User: Given the following resources:
- Requirements doc (text)
- Existing code (snippets)
- External API doc (links or text)
Extract:
1) User stories with acceptance criteria
2) Interfaces (functions, endpoints) with input/output schemas
Return JSON with keys: stories, interfaces, constraints, open_questions.
C — Chunk
Purpose
Split the project into cohesive, independently testable tasks with clear contracts and outputs.
Actions
- Identify deliverable artifacts per task (file, module, doc)
- Define inputs, outputs, and acceptance tests per task
- Set size bounds (tokens, LOC, time budget)
Artifacts
tasks:
- id: API-STRIPE-ADAPTER
goal: "Implement Stripe adapter for subscriptions"

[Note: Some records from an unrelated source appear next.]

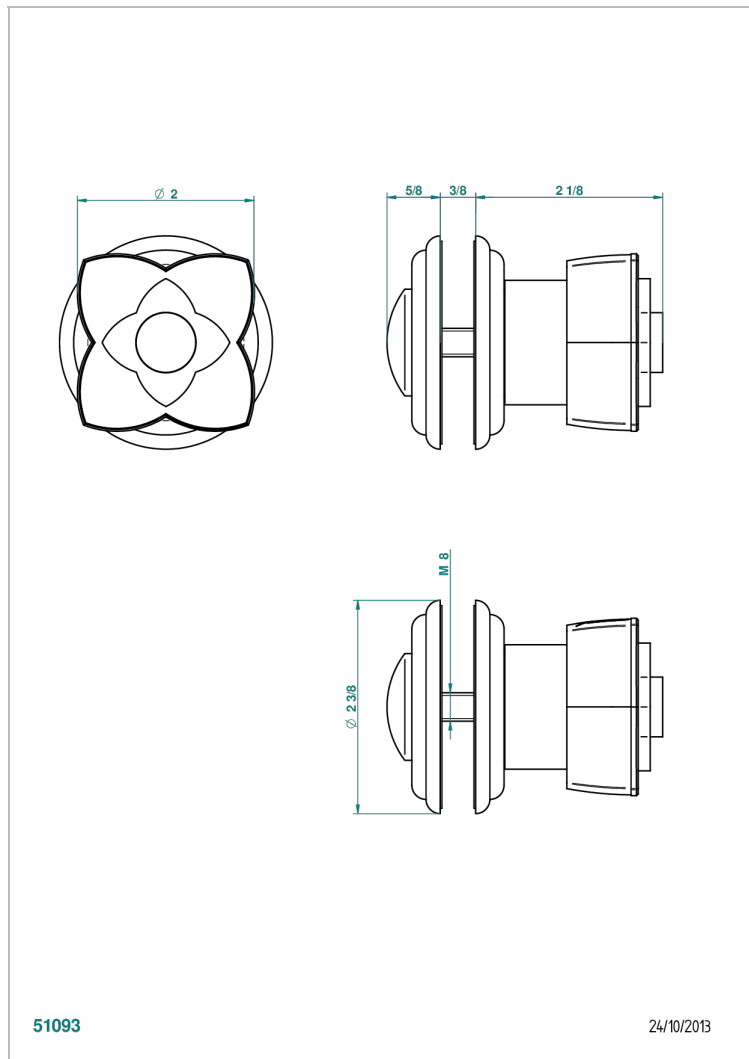

PETALE DE CRISTAL CLAIR LISERE DORE

U6E-639V

Tirador grande modelo

THG[®]
PARIS

51093

24/10/2013

CARACTERÍSTICAS

- Pétale de Cristal clair liseré doré
- Tirador grande modelo
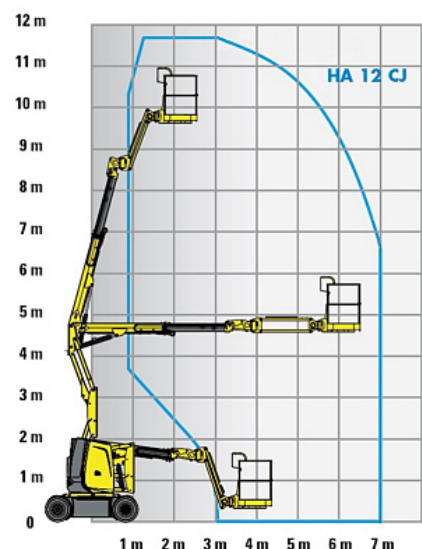

### Die technischen Details:

Alle angegebenen Daten sind Circa-Angaben des Herstellers

Arbeitshöhe: **11,68 m**  
Plattformhöhe: **9,68 m**  
Durchfahrts Höhe: **1,99 m**  
Durchfahrtsbreite: **1,20 m**  
Breite abgestützt: **nicht notwendig**  
Gesamtlänge: **5,36 m**  
Arbeitskorbgröße: **1,14 m x 0,80 m**

Antrieb: **Batterie**  
Besonderheit: **Reifen nichtmarkierend**  
Traglast: **250 kg**  
Gesamtgewicht: **7065 kg**

Für Fragen und weitere Informationen stehen wir Ihnen sehr gern zur Verfügung und freuen uns auf den Kontakt mit Ihnen.

inputs: ["interfaces.stripe", "env.STRIPE_KEY"]
outputs: ["src/payments/stripeAdapter.ts"]
tests: ["tests/payments/stripeAdapter.spec.ts"]
size: {"tokens_max": 2000, "loc_max": 200}
- id: RBAC-MIDDLEWARE
goal: "RBAC middleware enforcing roles"
inputs: ["stories SUB-1", "db schema roles"]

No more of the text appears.